Lo scorso venerdì è finalmente stato rilasciato Mafia: The Old Country. L’atteso nuovo capitolo della saga di Hangar 13 questa volta non si sarebbe ambientato nei bassifondi criminali degli Stati Uniti ma avrebbe esplorato le origini dell’iconica organizzazione criminale e ci avrebbe portati nella Sicilia di inizio Novecento.
Le potenzialità per raccontare una storia avvincente, avvolta da una scenografia suggestiva come quella della campagna siciliana hanno motivato lo studio di sviluppo a dare il meglio di sè e a regalarci uno dei titoli narrativi più impressionanti degli ultimi anni. Abbiamo passato il weekend immergendoci in Mafia: The Old Country e oggi, dopo aver raggiunto i titoli di coda, possiamo raccontarvi le nostre impressioni.
Da caruso a uomo d’onore

Mafia: The Old Country ci cala nei panni di Enzo Favara, un figlio abbandonato di una Sicilia agli inizi del XX secolo. Una terra ancora arretrata, che non aveva ancora conosciuto gli orrori delle due Guerre Mondiali e si trovava estremamente isolata dal resto del Paese.
L’isola era governata in maniera quasi feudale, sotto il dominio di uomini che avevano conquistato potere e influenza con il sangue e le intimidazioni. Enzo ci viene introdotto come un anonimo minatore, costretto a turni massacranti per estrarre lo zolfo in cambio di poche lire e un tetto sotto il quale dormire.
Le condizioni di lavoro rasentano lo schiavismo e la sicurezza della miniera è a dir poco precaria. Un incidente durante l’ennesimo turno di lavoro mette in moto gli eventi della storia, che lo porteranno a rifugiarsi nel vigneto di Don Torrisi, influente boss dell mafia locale che gettava la sua ombra sul vasto territorio circostante.
Non vogliamo spoilerarvi alcun dettaglio della storia, che resta sicuramente la principale attrattiva di Mafia: The Old Country. Vi basterà sapere che Enzo verrà accolto dalla famiglia Torrisi e comincerà a rendersi utile nel vigneto. Verrà guidato da Luca Trapani, il braccio destro di Don Torrisi che diventerà il mentore di Enzo e lo avvicinerà progressivamente agli affari di famiglia e lo introdurrà alla vita criminale.

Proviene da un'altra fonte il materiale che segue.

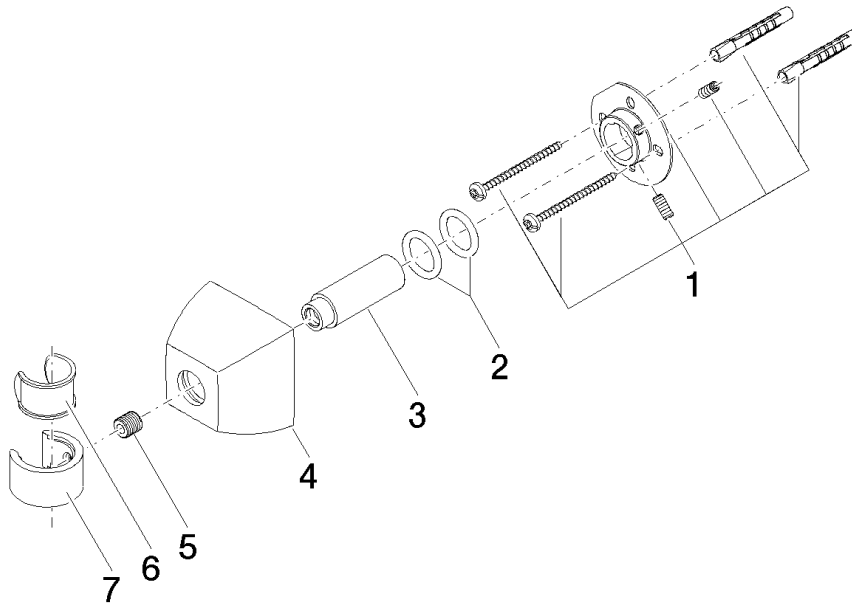

Product specifications

- rosette 55 x 55 mm

Surfaces

- chrome

28050910-00

Exploded assembly drawing

Order quantity

No.	Article number	Name	Installation quantity
------------	-----------------------	-------------	------------------------------

Enzo presterà giuramento davanti al Don in una cerimonia solenne, durante la quale diventerà un “uomo d’onore” e imboccherà una strada dalla quale nessuno è mai riuscito a uscire indenne. Da questo momento in poi la trama seguirà un canovaccio piuttosto tradizionale, diviso indicativamente in tre atti che rappresentano la fase di ascesa, di stallo e di rottura finale dell’equilibrio. Sebbene non sia esattamente imprevedibile, la narrativa è scandita in maniera magistrale e riesce a tenerci sempre incollati allo schermo grazie ad un cast di personaggi estremamente credibili e ben caratterizzati, ma soprattutto grazie al sapiente utilizzo dell’ambientazione siciliana, forse la vera protagonista dell’intera avventura.
È evidente che gli sviluppatori si siano documentati in maniera approfondita sulle tradizioni siciliane, sia culturali che linguistiche, per rendere il mondo di Mafia: The Old Country più autentico possibile e non c’è che dire, ci sono riusciti alla perfezione. Già a partire dal prologo si respira un’atmosfera ben definita quando ci si immerge nella storia di Enzo Favara, che chiunque abbia radici in terra siciliana potrà apprezzare in modo ancora più profondo.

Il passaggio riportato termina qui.